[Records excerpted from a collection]
______

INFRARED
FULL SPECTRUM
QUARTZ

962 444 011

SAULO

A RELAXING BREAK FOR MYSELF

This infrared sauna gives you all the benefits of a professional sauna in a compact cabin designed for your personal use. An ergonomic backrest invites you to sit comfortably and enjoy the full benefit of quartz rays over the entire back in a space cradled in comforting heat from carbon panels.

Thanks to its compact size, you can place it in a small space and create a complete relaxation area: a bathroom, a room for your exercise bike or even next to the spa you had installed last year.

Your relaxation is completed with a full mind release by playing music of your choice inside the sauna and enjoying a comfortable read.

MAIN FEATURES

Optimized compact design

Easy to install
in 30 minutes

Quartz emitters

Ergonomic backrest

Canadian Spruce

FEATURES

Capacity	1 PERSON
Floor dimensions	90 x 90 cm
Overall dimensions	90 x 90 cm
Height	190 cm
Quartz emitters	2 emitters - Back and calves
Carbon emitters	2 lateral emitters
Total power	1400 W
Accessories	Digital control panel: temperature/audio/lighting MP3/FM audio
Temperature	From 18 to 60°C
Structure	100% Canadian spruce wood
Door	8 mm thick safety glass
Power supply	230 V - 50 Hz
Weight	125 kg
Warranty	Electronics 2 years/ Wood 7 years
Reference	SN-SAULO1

______

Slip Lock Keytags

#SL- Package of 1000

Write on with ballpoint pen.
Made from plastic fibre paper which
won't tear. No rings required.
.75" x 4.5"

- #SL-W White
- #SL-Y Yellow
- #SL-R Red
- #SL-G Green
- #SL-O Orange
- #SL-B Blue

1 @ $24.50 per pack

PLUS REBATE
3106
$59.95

______

The lines you return should be those above that contain the word "relaxation", every one of them.

Thanks to its compact size, you can place it in a small space and create a complete relaxation area: a bathroom, a room for your exercise bike or even next to the spa you had installed last year.
Your relaxation is completed with a full mind release by playing music of your choice inside the sauna and enjoying a comfortable read.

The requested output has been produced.